What you have to do: In the entries below, filter for the word "rezydencjaviridi" and copy every matching line.

─── Data supplied

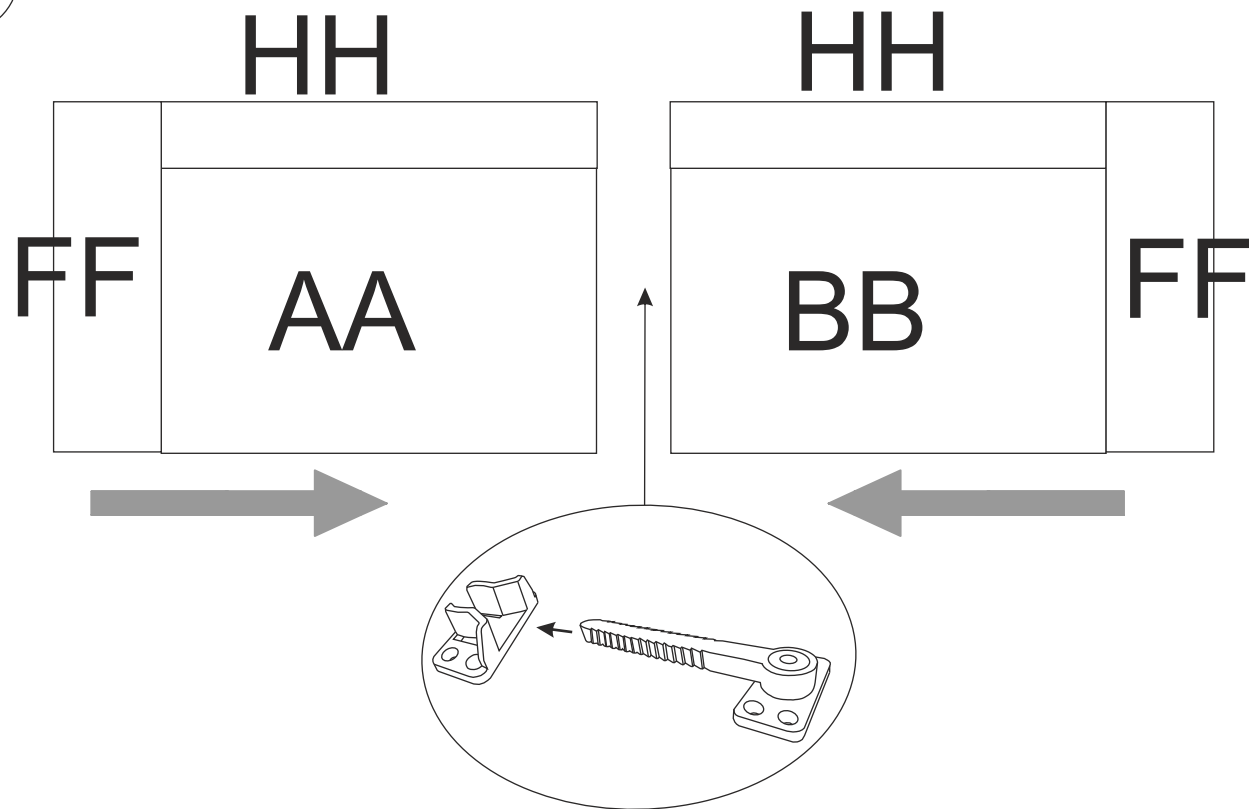

4

5

VALE SOFA

- (DE) Montageanleitung
- (IT) Istruzioni di montaggio
- (PL) Instrukcja montażu
- (FR) Notice de montage
- (NL) Handleiding voor de montage
- (RO) Instrucțiuni de asamblare
- (GB) Assembly instructions
- (SK) Montážny návod
- (TR) Montaj talimatı
- (CZ) Montážní návod
- (RU) Инструкция по монтажу
- (HU) Szerelési útmutató

Name - Nazwa - Naam - Name - Isim - название
Nome - Nom - Numele - Meno - Jméno - Neve

VALE SOFA

4x (M8x80)	8x Ø8	8x M8	8x (4x16)	12x (M6x40)	1x	4x
a	b	c	d	e	f	g
6x	4x (M8x90)	16x	8x	4x	2x	1x
i	k	r	s	t	u	w
1x						
y						

Service - Servis - Dienstverlening - Servis - Serwis - Сервисная служба - Servizio - Service
Serviciu - Služby - Szolgáltatás

COLLI 1	COLLI 2
1x y 1x w 2x t	2x u 2x t
COLLI 3	COLLI 4
HH HH	FF FF

Ver: 13.03.24

VALE SOFA
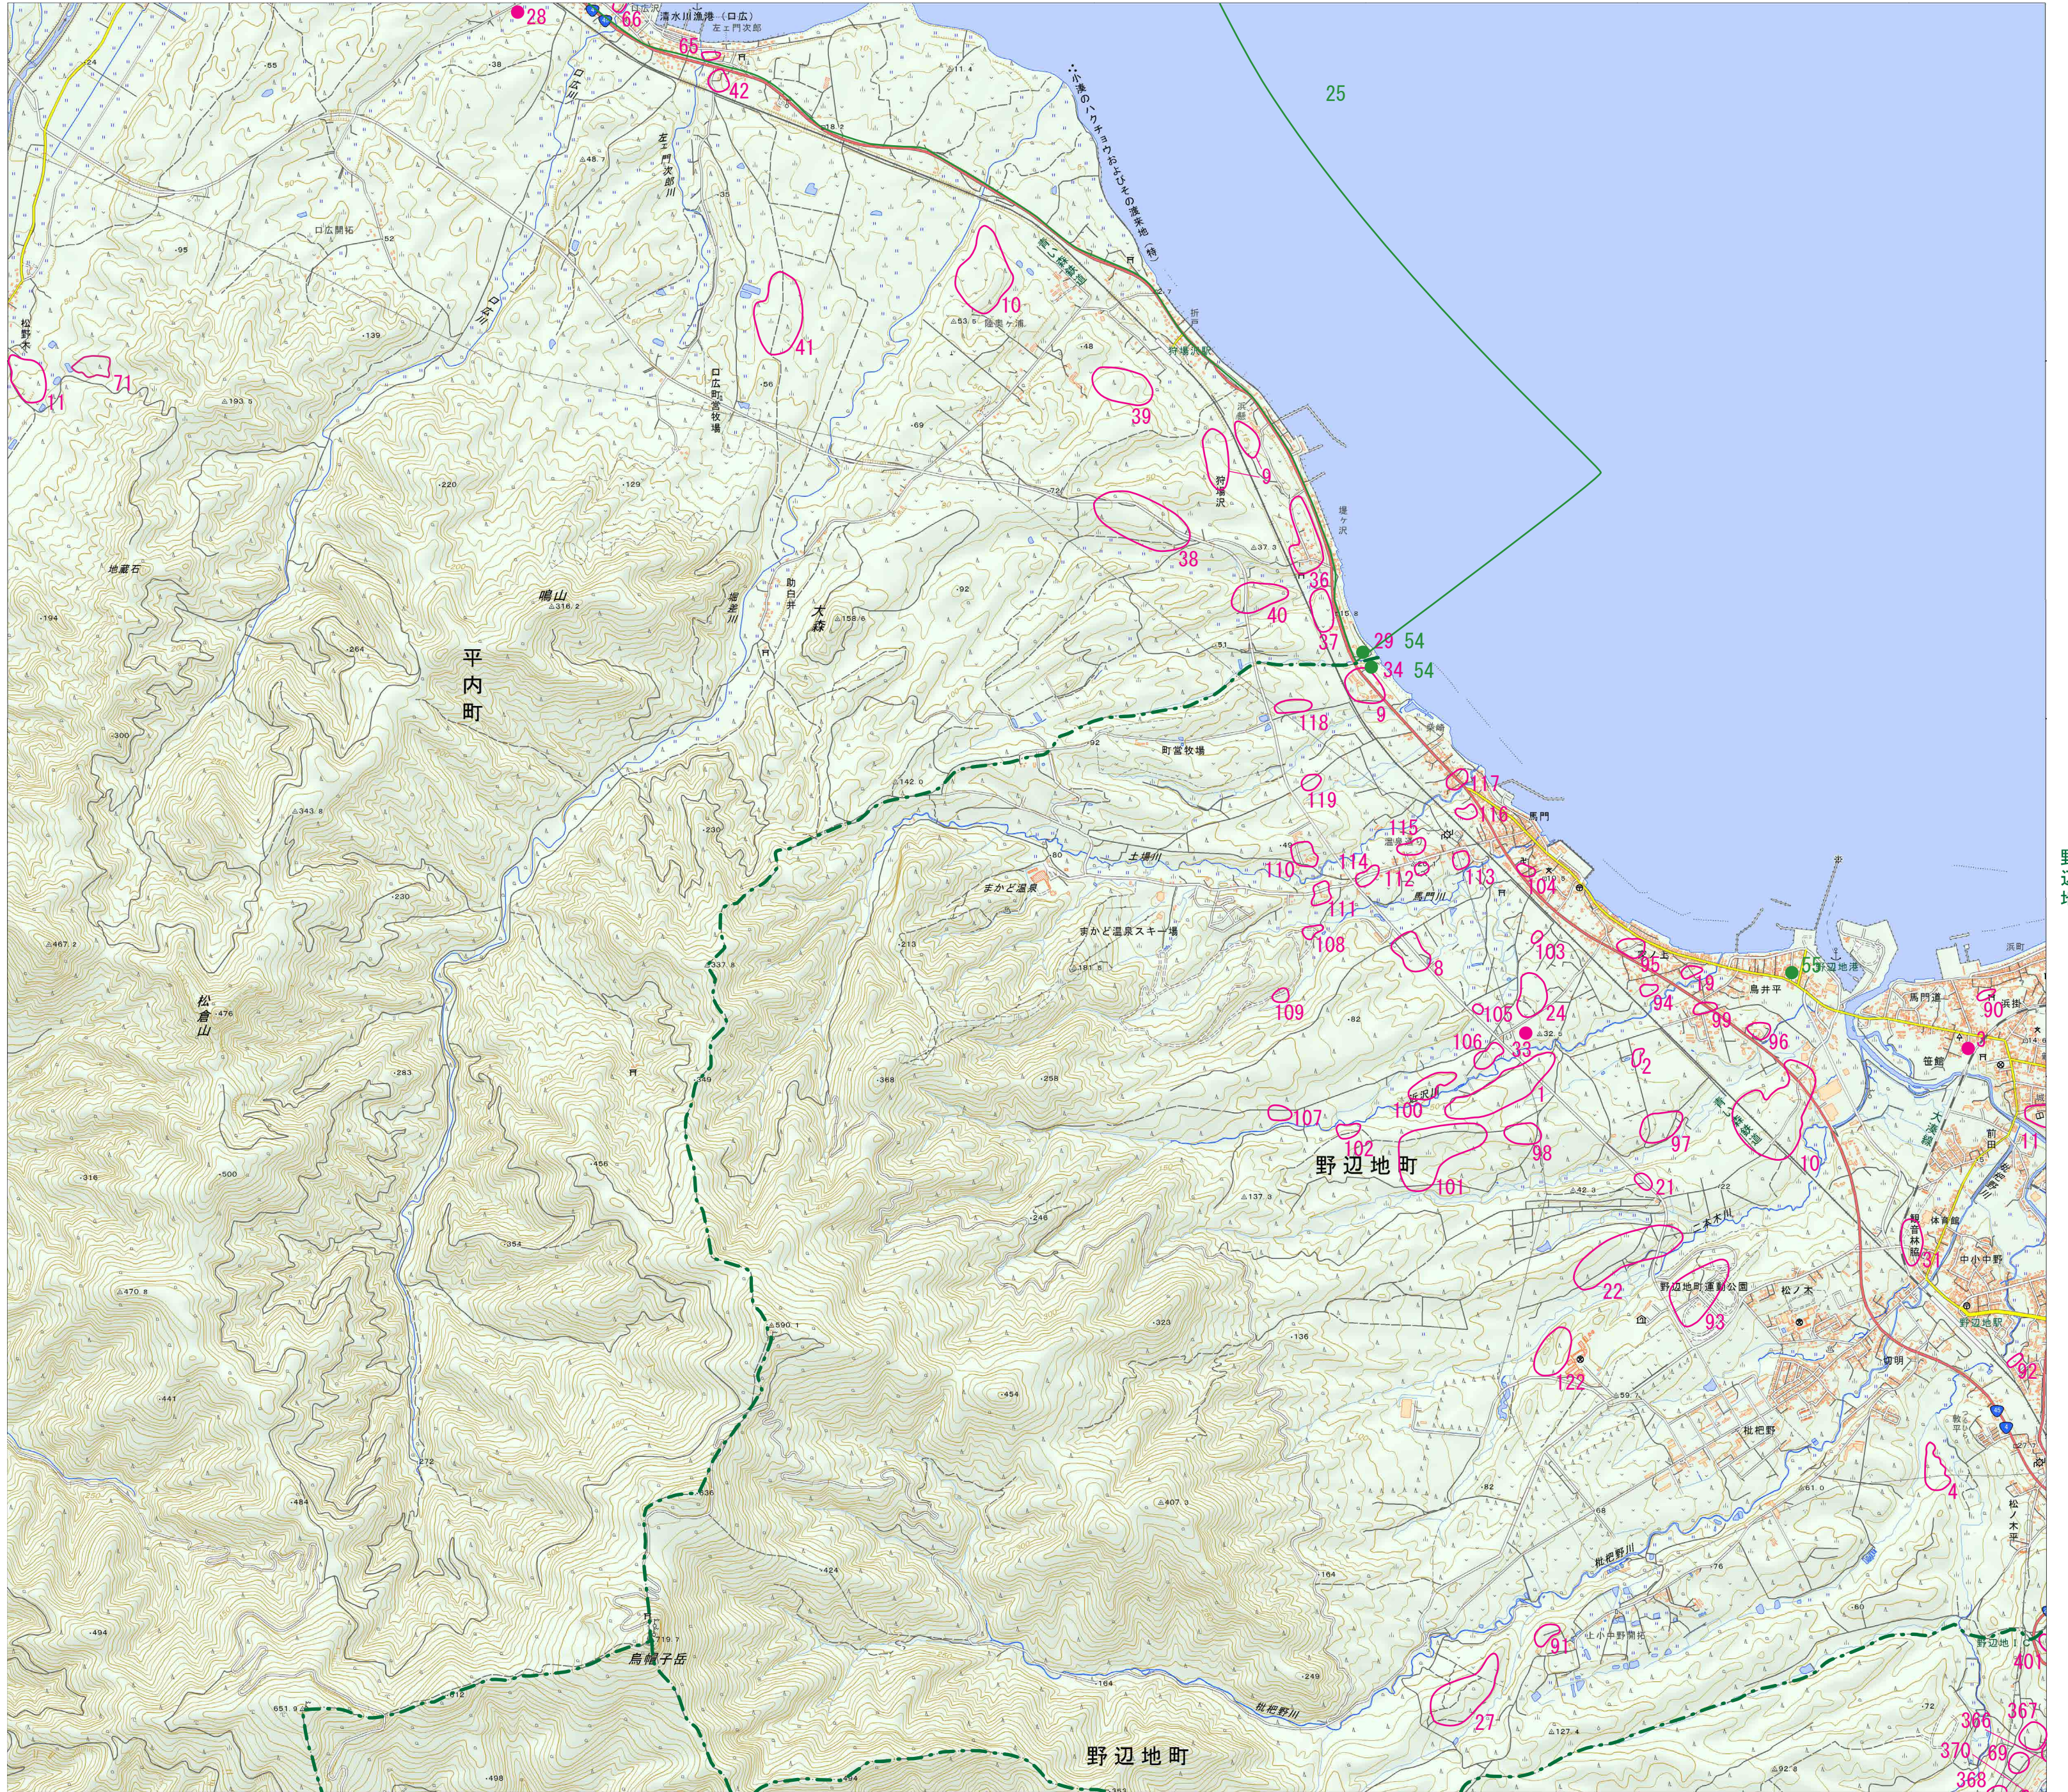

狩場沢

清水川

東岳

野辺地

上清水目
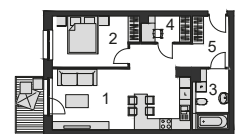

sprzedaz@rezydencjaviridi.pl

REZYDENCJA ViRiDi

www.rezydencjaviridi.pl

PIĘTRO 4 Mieszkanie 55

| | |
|-------------------|----------------------------|
| 1. SALON, KUCHNIA | 23,43 m ² |
| 2. SYPIALNIA | 11,81 m ² |
| 3. ŁAZIENKA | 5,99 m ² |
| 4. GARDEROBA | 3,45 m ² |
| 5. PRZEDPOKÓJ | 9,63 m ² |
| SUMA | 54,31 m² |
| BALKON | 4,42 m ² |
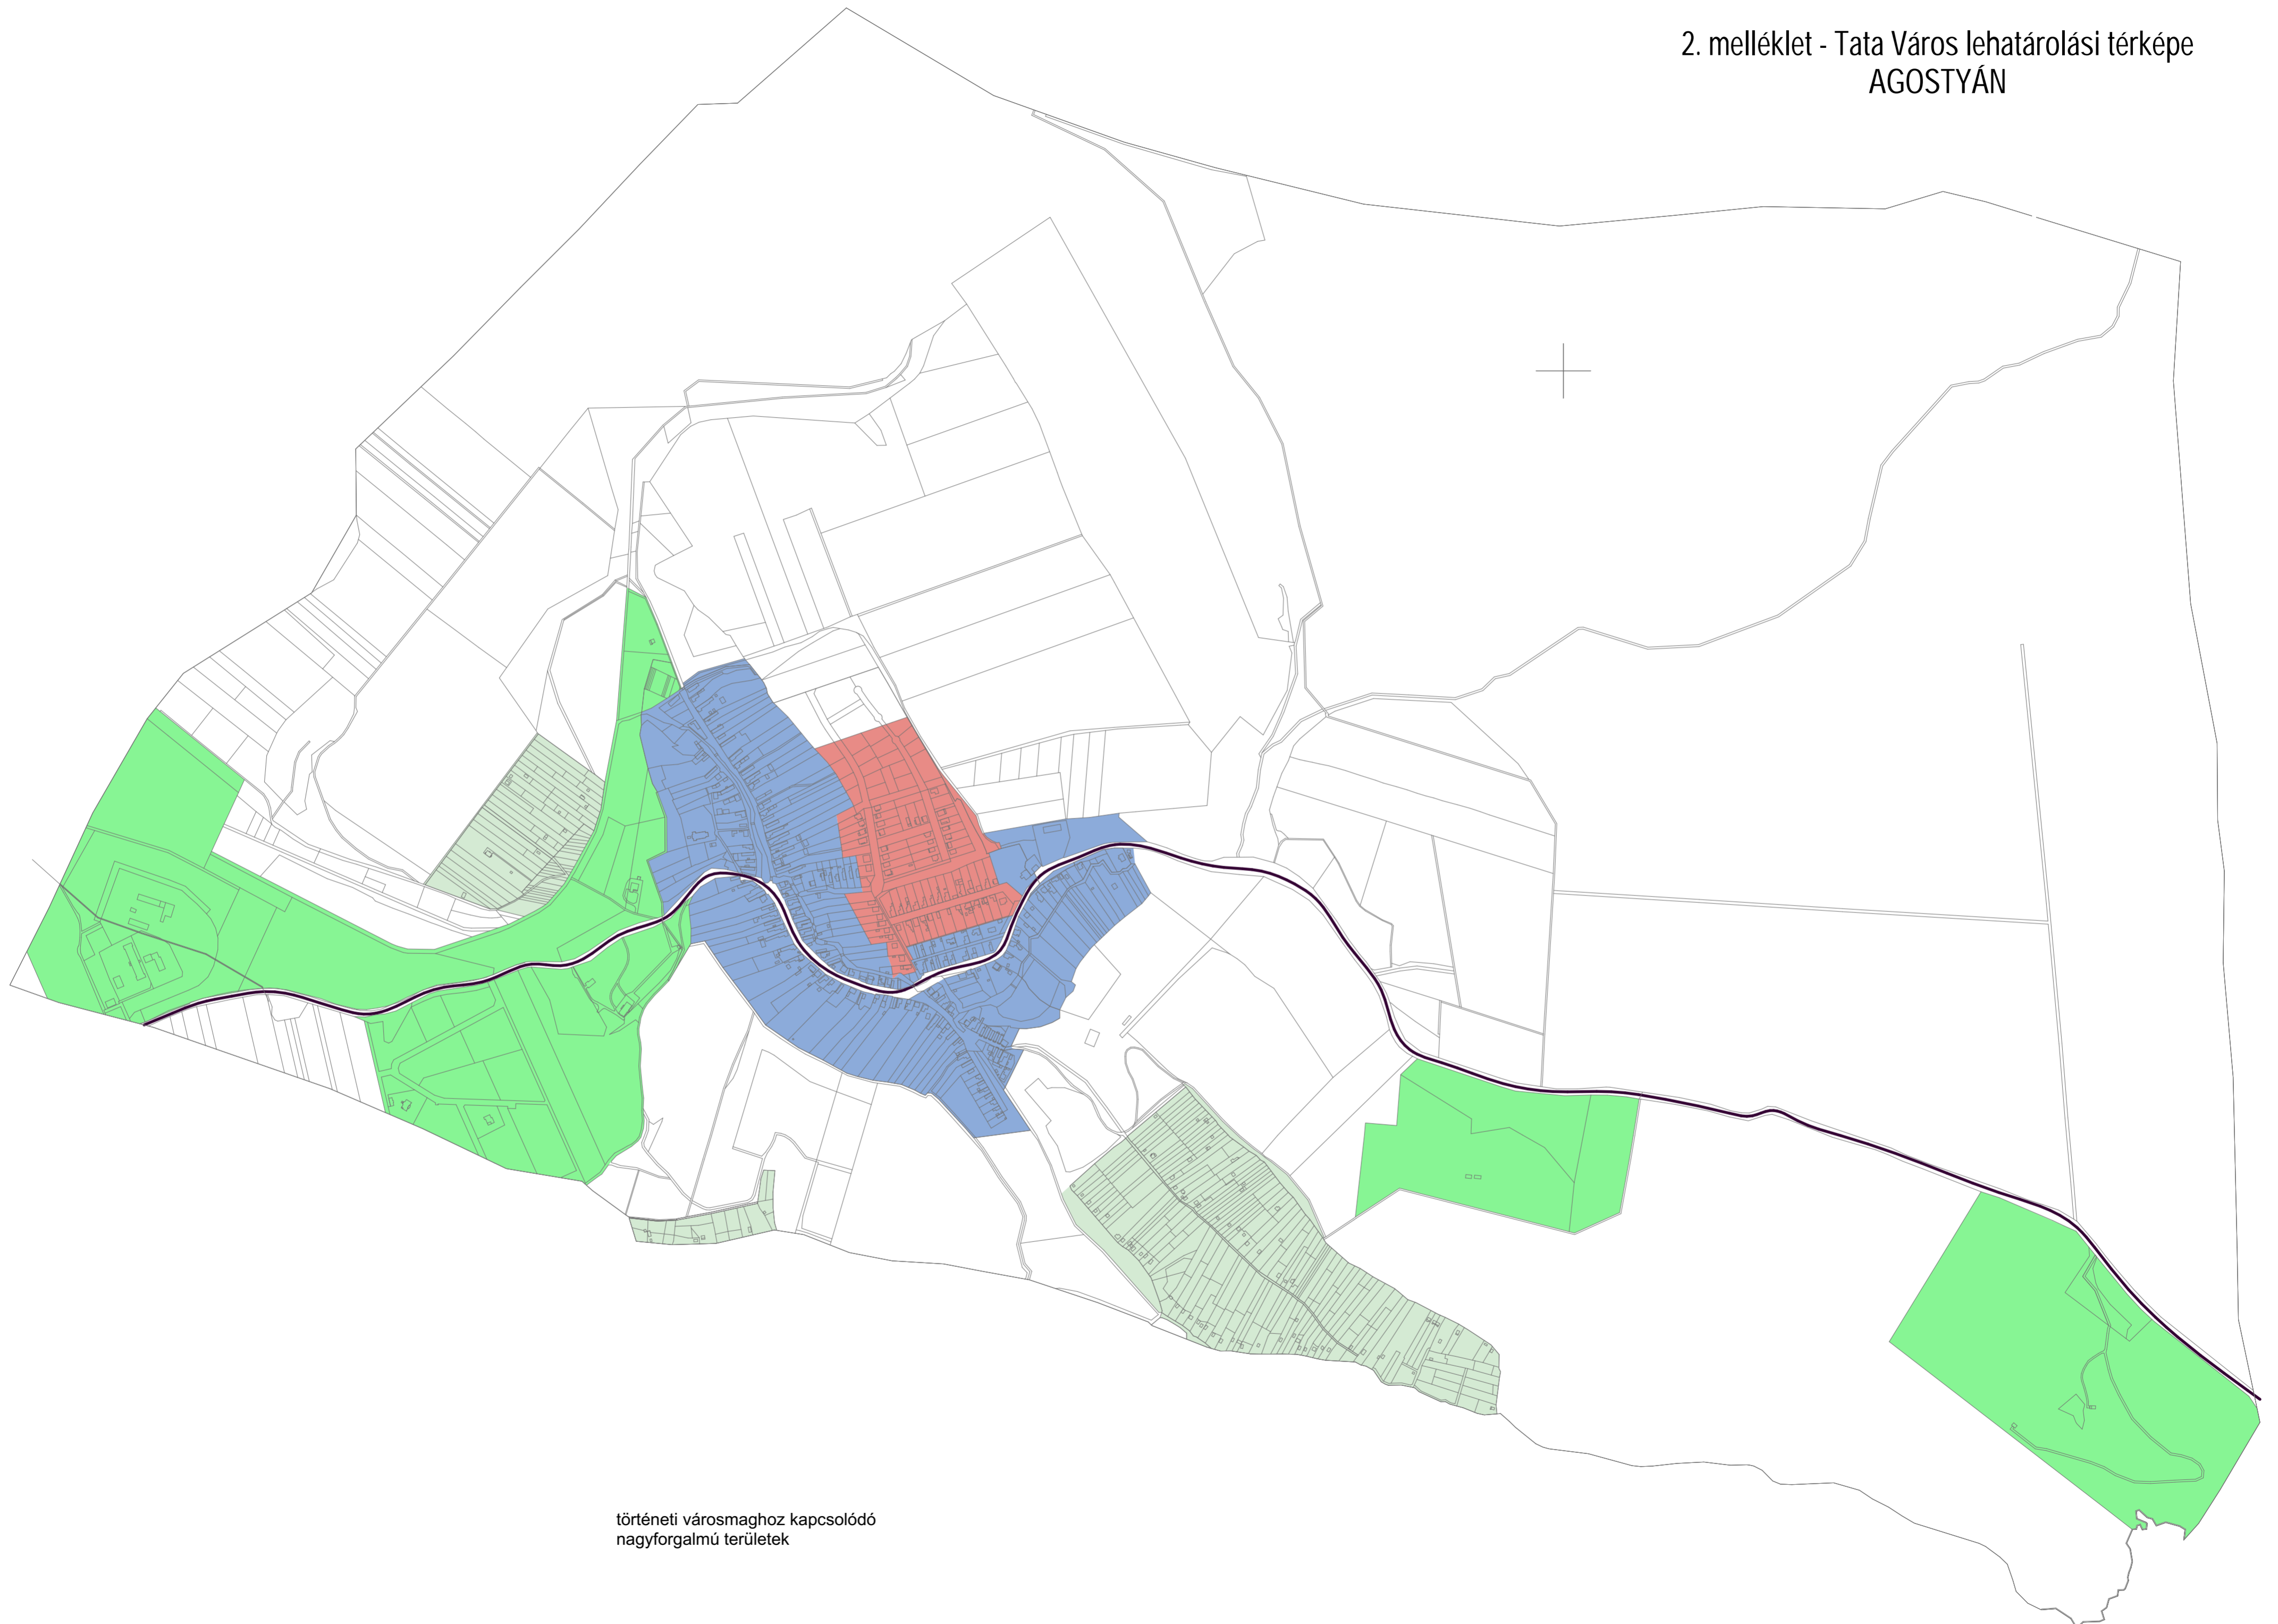

2. melléklet  
Tata Város lehatárolási térképe

(térkép külön pdf fájlban)

jelkulcs

1		TÖRTÉNETI TELEPÜLÉS:		TÖRTÉNETI VÁROSMAG
				TÖRTÉNETI TELEPÜLÉS-RÉSZ
2		TÖRTÉNETI VÁROSMAGHOZ KAPCSOLÓDÓ NAGYFORGALMÚ TERÜLETEK		
3		KISVÁROSIAS BEÉPÍTÉS		
4		TELEPSZERŰ BEÉPÍTÉSEK:		LAKÓTELEPEK
				MODERN BEÉPÍTÉS
5		CSALÁDI HÁZAS TERÜLETEK		
6		ÜDÜLŐ TERÜLETEK		
7		GAZDASÁGI TERÜLETEK		
8		JELENTŐS ZÖLDFELÜLET:		PARKOK ERDŐK
				KÜLÖNLEGES
9		HAGYOMÁNYOS SZŐLŐ- ÉS KERT-MŰVELÉS TERÜLETEI		
10		ÁTALAKULÓ TERÜLETEK		
		VÍZFELÜLET		
		VÁROSI FŐ KÖZLEKEDÉSI UTAK		
		VÁROSI TERVEZETT UTAK		
		VASÚTVONAL		
		AUTÓPÁLYA		

2. melléklet - Tata Város lehatárolási térképe  
TATA

2. melléklet - Tata Város lehatárolási térképe  
AGOSTYÁN

történeti városmaghoz kapcsolódó  
nagyforgalmú területek

──────

Reply to the task:
sprzedaz@rezydencjaviridi.pl
www.rezydencjaviridi.pl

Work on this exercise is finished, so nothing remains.